Маня Берг катила перед собой коляску, в которой спала ее дочка. Маню перегнали двое безногих матросов на шарикоподшипниковых тележках. Там, где гранитные вазы, они отстегнули тележки и, оставив их наверху в табунке таких же, как оставляют обувь, входя в мечеть, мусульмане, спустились по лестнице к воде. Пить водку. У воды они чувствовали себя матросами. Матросы-матросы! Там, у воды было много безногих матросов.
Накатывала на Маню теплая полночь. Матрос тянул ее за руку на гранитную кручу, под бронзового коня. Маня отталкивала крепкую матросов руку, сама лезла, цепляясь за тело змеи. Она протиснулась вслед за матросом у лошади между ног и села на камень. Над ней висели тощие ноги Петра, а матрос уже валил ее на спину, и она хихикала.
Матрос слился у нее в глазах с черным брюхом коня, широким, как крыша. И конь опустился на нее. И по ней проскакал. А она все хихикала, ударяясь затылком о камень.
Потом матрос стоял, согнувшись, застегивая клеш, гладил конские бронзовые тестикулы и говорил:
— Погладь. Примета такая — если девушка после этого их погладит, будет ей большое счастье. Большого всем хочется.
Она, все хихикая, встала на ноги и, капризно надувая губы, погладила.
— Ты посмотри, какой вид, — сказал матрос. — Кто на таком виде это проделывал? Это же такая намять. На всю жизнь.
«Боже мой! — закричала Маня шепотом, но все же повернула коляску к императорской скале и покатила ее вокруг памятника. — Боже мой! Боже мой!»
На скалу залезать запретили. Обсадили ее цветами. Тело змеи блестело, отполированное в былые годы руками, в основном детскими. Конские тестикулы тоже блестели не от количества девушек, пожелавших для себя очень большого счастья — их драили зубным порошком выпускники военно-морского училища. Такая была традиция.
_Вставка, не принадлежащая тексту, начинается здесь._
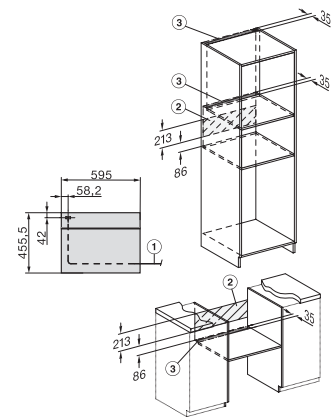

H 7440 B

Kompaktní pečicí trouba

v perfektně kombinovatelném designu s LED osvětlením a PerfectClean.

side view H7000 M, installation drawings

side view H7000 M, installation drawings, GB, AU

built-in H7000 M, installation drawing

built-in H7000 M build-under, installation drawing

H2840B, H7244B, H7440B, installation drawings

Installation H7000 M, installation drawing

H7000 handle, installation drawing

side view H7000 M build-under, installation drawings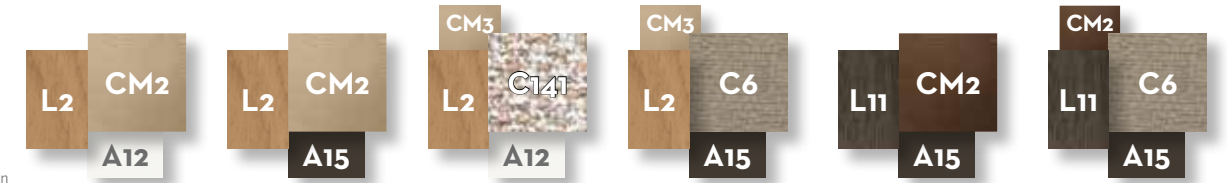

SOFA CX 2 SEATER + DX SHELF / CODE: ALLCX2P-01

Width	Depth	Height	H. seat	H. cushion
210	95	70	40	20

LOUNGE ARMCHAIR / CODE: ALLPLON

Width	Depth	Height	H. armrest	H. seat	H. cushion
80	76	70	49	43	8

SOFA CX 2 SEATER + SX SHELF / CODE: ALLCX2P-02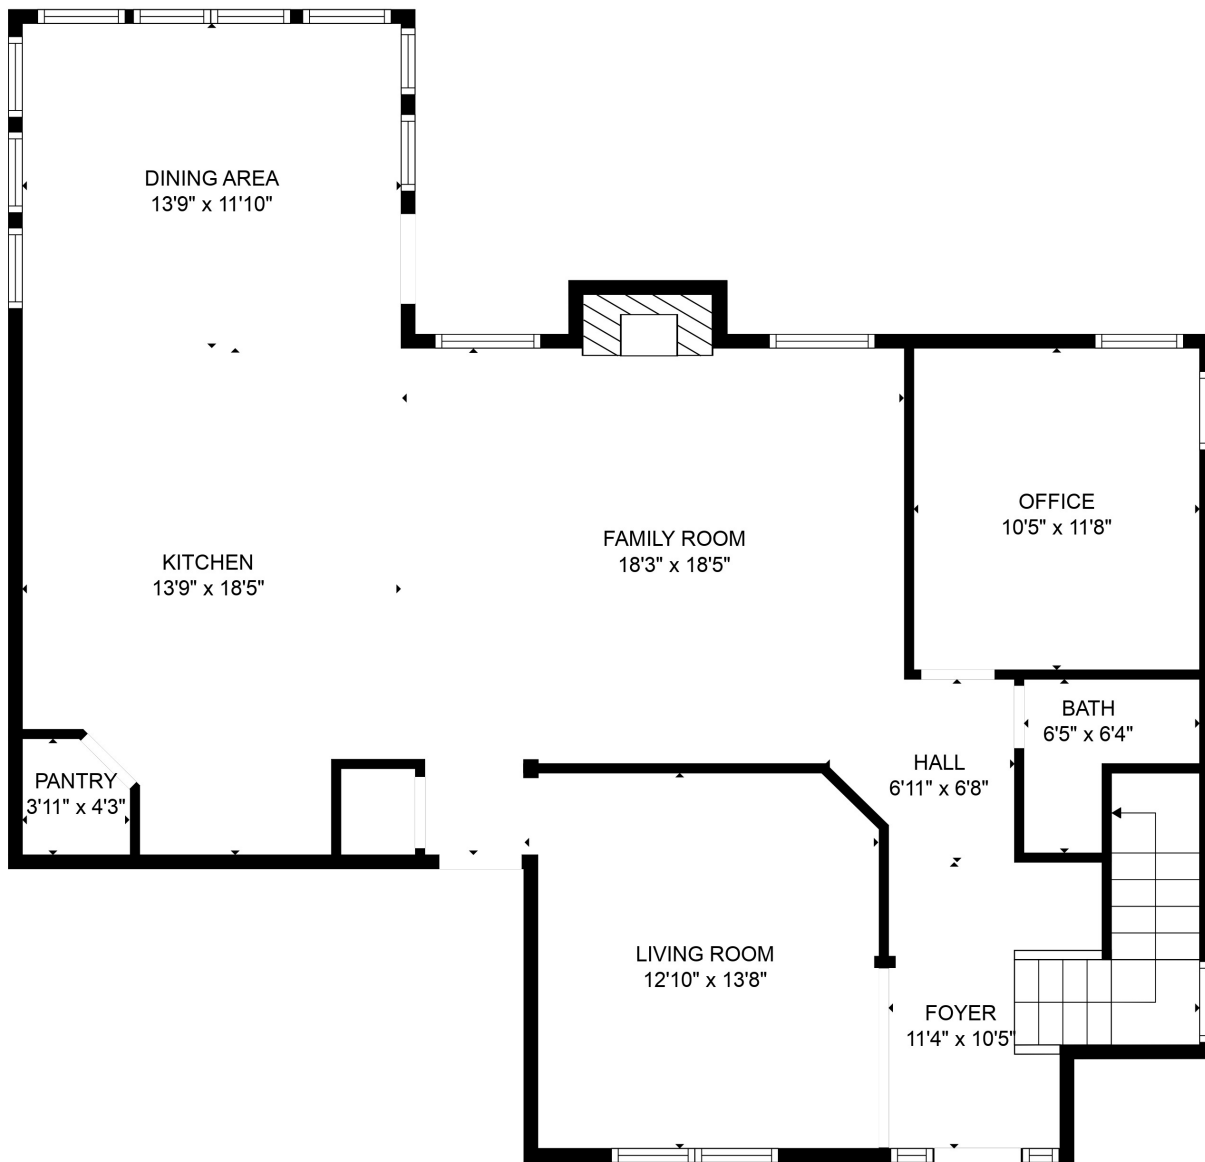

FLOOR 3

Total scanned area: 3411 sq. ft

SIZES AND DIMENSIONS ARE APPROXIMATE. ACTUAL MAY VARY.

Total scanned area: 3411 sq. ft

SIZES AND DIMENSIONS ARE APPROXIMATE. ACTUAL MAY VARY.

Total scanned area: 3411 sq. ft

SIZES AND DIMENSIONS ARE APPROXIMATE. ACTUAL MAY VARY.

Total scanned area: 3411 sq. ft

SIZES AND DIMENSIONS ARE APPROXIMATE. ACTUAL MAY VARY.

Маня стиснула горло пальцами.
Матроса Маня уже и не помнила. Только жестяной звук его голоса. И глядя снизу в лицо царя, плоское, одутловатое, в его глаза, различавшие вдали все страшное, трудно преодолимое, Маня вынула из коляски дочку, прижала ее к себе и спросила всадника, почти задыхаясь: «Как зовут ее, дочку мою?» — «Назови ее Софья», — сказал Петр, не разжимая рта. «Хорошо, государь», — ответила Маня.
Когда Васька пришел домой, в квартире не было ни тети Насти, ни Сережи Галкина. Васька умылся под краном по пояс. Один за другим выпил два стакана холодной воды. Он жалел старика и на него злился. «Дать бы ей по маковке», — бормотал он, имея в виду старикову дочку, уж очень вид был у нее надменный. «И этому сопляку-внуку дать бы по маковке. Стерва его мамаша Ренуара толкает, а у него на роже ничего — блюдце блюдцем, хоть чай с него пей». Но самым сильным желанием Васьки было сказать старику в лицо, что он размазня, старая швабра. Сейчас цена на импрессионистов, благодаря святой борьбе с формализмом, сильно упала, а он Ренуара толкает. Толкал бы Куинджи. И тут он подумал, что, во-первых, старика он может только обнять, а старикова дочка и тот, с черной бабочкой, живут в другой системе координат, не зависимой ни от Жданова, ни от ЦК, что им хорошо известна цена Ренуаровой «Шляпки» по каталогу в долларах и продают они ее за границу.
Старик сидел, как солдат перед ампутацией гангренозной ноги.
Васька еще из кухни не ушел, как раздался звонок в дверь. Длинный, нервно-прерывистый. За дверью нетерпеливо топтался кто-то и придрыгивал ногами. Васька дверь распахнул. И не то чтобы ахнул и не то чтобы заорал «Физкульт привет!», но расплылся в улыбке.
— Маня, — сказал он. — Ну ты даешь.
— Не даю, — ответила Маня и впихнула в коридор коляску с дочкой.
Васька попятился. Пятясь, вошел в свою комнату.
— Как зовут? — спросил.
— Софья Петровна. Отчество в честь императора. Он разрешил.
— Закуривай, — Васька протянул Мане «Беломор».
Она закурила.
— Выпьешь?
Она кивнула.
Они выпили по стакану портвейна. Маня легонько толкнула коляску к Ваське. Васька вынул девочку. Руки его не сгибались.
— Урод, — сказала Маня, — ребенка держать не умеешь.
— Тепленькая… — Васька светился.
— Я и говорю — урод. Она могла бы быть твоей дочкой.
— Не могла бы. Когда мы с тобой познакомились, ты была уже беременная.